KUALA LUMPUR: Cahya Mata Sarawak Bhd’s (CMS) net profit plunged 93.5% to RM9.9mil in the third quarter ended Sept 30 from RM154.4mil from the corresponding period a year ago.
Cahya Mata said the lower profit was mainly attributable by one-off gains in in preceding year’s corresponding period from the recognition of negative goodwill of RM62.47mil, reversal of impairment of RM37.69mil on OM Materials investment and loan, lower share of results of associates by RM28.28mil in PE2023 and the higher loss before tax recorded by the phosphates division as it moves to the commissioning phase.
Revenue, however, rose 8.4% to RM301.9mil from RM278.4mil previously mainly due to a contribution from oiltools division of RM50.56mil.
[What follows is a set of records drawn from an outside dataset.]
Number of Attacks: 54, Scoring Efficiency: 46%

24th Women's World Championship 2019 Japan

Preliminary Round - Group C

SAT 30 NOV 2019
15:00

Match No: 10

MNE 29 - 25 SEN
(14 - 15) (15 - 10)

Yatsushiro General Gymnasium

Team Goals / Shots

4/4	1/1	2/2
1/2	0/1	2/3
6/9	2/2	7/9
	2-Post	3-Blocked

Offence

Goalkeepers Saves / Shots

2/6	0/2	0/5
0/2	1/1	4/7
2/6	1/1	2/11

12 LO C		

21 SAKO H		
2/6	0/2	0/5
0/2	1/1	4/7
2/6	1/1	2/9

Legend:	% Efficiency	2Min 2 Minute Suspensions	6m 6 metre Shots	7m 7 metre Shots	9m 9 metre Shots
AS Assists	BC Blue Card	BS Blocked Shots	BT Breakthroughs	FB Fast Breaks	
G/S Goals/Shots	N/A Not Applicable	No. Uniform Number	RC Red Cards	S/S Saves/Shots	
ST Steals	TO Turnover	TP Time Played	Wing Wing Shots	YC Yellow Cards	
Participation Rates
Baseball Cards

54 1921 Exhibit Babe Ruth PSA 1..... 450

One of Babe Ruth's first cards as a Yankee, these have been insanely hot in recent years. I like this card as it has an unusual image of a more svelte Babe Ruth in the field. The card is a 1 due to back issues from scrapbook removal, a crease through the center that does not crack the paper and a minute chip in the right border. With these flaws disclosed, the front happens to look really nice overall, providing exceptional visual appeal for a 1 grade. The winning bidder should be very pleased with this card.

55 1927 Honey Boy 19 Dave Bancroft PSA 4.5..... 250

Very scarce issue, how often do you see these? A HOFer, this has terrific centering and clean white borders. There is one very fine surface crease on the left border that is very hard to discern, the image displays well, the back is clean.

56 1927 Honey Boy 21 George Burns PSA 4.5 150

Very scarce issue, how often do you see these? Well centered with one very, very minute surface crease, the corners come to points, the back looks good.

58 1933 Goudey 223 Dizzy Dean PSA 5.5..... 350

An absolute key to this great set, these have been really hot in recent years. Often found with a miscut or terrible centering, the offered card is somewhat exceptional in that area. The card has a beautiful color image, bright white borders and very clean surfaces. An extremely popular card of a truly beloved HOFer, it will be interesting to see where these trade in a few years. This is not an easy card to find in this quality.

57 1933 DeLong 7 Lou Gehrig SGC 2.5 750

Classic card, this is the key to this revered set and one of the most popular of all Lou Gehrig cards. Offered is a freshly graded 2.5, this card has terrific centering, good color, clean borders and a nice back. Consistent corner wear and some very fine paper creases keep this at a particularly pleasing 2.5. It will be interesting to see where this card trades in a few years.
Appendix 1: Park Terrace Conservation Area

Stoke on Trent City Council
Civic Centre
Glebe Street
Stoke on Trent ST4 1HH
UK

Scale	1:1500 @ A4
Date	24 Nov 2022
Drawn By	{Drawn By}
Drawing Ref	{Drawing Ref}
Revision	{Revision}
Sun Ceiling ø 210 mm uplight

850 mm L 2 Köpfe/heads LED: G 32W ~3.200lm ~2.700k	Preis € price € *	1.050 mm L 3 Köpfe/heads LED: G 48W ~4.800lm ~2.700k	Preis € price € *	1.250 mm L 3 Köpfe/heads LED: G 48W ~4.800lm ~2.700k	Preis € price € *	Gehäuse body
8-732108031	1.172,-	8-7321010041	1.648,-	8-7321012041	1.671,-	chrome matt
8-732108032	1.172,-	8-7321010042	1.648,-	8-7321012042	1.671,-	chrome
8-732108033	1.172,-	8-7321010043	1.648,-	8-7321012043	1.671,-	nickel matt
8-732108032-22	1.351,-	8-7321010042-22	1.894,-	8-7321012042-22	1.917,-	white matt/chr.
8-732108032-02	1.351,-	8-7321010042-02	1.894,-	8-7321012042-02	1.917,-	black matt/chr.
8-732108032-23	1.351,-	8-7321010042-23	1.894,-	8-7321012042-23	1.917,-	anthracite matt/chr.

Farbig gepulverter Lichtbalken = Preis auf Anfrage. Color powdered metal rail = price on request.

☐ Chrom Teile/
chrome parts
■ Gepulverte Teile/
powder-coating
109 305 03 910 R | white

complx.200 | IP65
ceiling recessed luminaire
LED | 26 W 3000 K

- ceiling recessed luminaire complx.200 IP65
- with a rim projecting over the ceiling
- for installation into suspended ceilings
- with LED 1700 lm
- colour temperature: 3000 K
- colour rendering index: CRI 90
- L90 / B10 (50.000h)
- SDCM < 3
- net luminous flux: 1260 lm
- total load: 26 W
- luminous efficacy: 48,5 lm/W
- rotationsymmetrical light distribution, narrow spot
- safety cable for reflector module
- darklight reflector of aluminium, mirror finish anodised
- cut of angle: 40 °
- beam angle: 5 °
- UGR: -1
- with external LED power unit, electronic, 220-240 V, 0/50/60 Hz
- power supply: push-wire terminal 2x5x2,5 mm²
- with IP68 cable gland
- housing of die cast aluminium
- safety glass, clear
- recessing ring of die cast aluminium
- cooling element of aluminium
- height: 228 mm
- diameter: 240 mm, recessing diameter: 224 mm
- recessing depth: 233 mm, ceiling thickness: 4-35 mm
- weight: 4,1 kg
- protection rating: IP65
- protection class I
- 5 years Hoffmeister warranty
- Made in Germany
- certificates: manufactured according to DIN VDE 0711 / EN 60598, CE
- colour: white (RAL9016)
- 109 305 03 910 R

Its earnings per share fell to 0.93 sen from 14.37 sen a year prior.
CMS’ net profit for the cumulative nine months ended Sept 30, was RM78.9mil against RM265.9mil for the same period a year ago.
Revenue for the period rose to RM868.1mil from RM702.2mil last year.
CMS said the lower pre-tax profit stemmed from the one-off gains from the recognition of negative goodwill of RM62.47mil arising from the acquisition of Oiltools group and reversal of impairment of RM37.69mil on OM Materials investment and loan in the preceding year’s corresponding period’s.
In addition, profit contributions from associates decreased by 66% to RM43.05 million from the preceding year’s corresponding period’s contribution of RM124.84mil.
The group no longer recognises profits from an associate which was disposed of in December 2022.
CMS' cash position remains healthy at RM524.49mil and its net assets per share stands at RM2.99 per share as at Sept 30.
The group said its performance for the first nine months has been within expectations, with the exception of phosphates where operation was deferred.
“We expect the remainder of the year to be similar to the performances of previous quarters.
“The board of directors continue to hold a positive view of the Sarawak economy, which augurs well for the group as our businesses are well placed to benefit from the expected developments,” CMS said in the notes accompanying its financial results.